[Extracted records]
=======

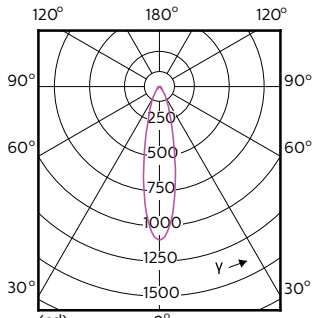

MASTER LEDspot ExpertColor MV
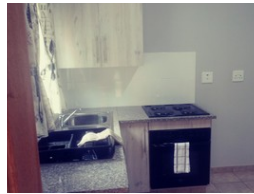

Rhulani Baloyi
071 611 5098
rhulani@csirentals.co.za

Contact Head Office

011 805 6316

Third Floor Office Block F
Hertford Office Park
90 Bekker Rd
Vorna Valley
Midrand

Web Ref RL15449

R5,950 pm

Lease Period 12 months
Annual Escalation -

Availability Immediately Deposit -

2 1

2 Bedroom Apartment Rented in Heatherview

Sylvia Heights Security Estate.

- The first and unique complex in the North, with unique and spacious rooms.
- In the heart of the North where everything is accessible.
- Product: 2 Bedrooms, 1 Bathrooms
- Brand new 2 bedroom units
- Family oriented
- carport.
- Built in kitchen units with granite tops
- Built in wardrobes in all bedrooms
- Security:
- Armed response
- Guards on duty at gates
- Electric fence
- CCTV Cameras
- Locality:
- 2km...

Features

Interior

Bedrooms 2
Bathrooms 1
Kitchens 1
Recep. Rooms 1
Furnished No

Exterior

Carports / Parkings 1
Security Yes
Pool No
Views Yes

=======

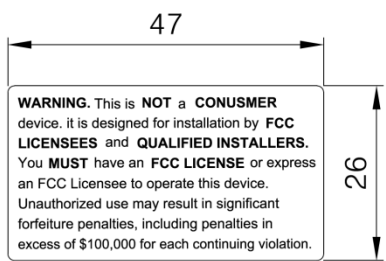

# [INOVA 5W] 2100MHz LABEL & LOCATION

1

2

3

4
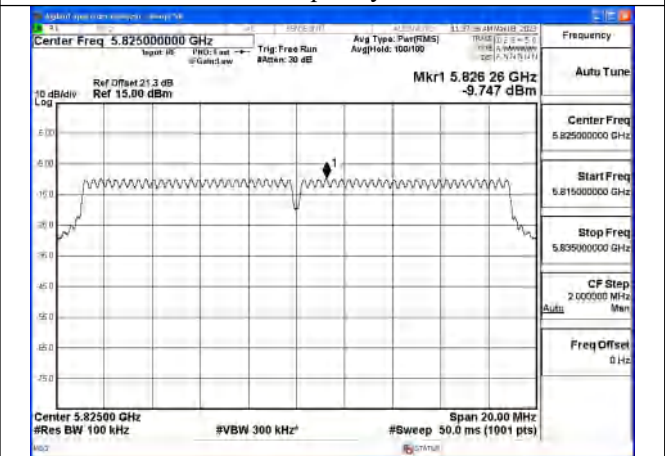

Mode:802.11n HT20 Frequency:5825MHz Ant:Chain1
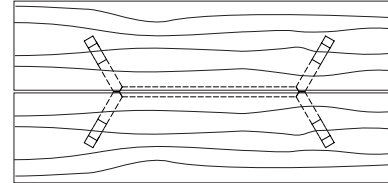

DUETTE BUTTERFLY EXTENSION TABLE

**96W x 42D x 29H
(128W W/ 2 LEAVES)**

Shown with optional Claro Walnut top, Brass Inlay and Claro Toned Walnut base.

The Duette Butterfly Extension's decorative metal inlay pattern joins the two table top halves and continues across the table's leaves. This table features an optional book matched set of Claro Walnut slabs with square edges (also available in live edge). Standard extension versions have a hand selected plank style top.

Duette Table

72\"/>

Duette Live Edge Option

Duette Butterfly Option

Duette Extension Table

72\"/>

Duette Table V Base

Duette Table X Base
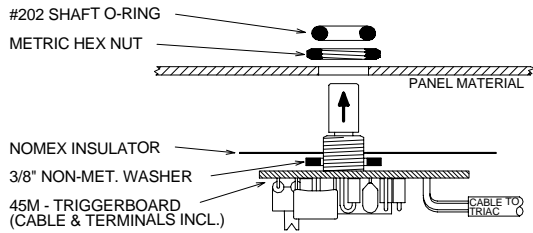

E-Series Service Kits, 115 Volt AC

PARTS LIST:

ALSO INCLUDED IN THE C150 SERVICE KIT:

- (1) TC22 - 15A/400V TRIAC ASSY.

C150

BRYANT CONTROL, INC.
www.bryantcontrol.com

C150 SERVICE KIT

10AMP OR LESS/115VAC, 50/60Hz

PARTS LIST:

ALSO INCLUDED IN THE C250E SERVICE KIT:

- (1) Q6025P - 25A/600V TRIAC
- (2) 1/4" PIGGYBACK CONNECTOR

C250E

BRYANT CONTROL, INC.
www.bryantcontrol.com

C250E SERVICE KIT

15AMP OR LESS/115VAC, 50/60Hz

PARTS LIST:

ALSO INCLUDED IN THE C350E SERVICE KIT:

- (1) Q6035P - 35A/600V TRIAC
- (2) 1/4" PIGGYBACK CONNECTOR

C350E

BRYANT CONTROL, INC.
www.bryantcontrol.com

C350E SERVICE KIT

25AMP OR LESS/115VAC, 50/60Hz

=======

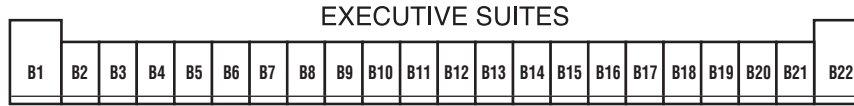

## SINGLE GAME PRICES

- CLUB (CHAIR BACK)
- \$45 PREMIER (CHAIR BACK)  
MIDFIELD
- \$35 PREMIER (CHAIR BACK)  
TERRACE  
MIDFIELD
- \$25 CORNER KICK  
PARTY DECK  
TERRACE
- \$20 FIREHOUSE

=======

TASK TO COMPLETE | How many of the lines above contain the word "LESS"? Give the number alone.

RESPONSE | 3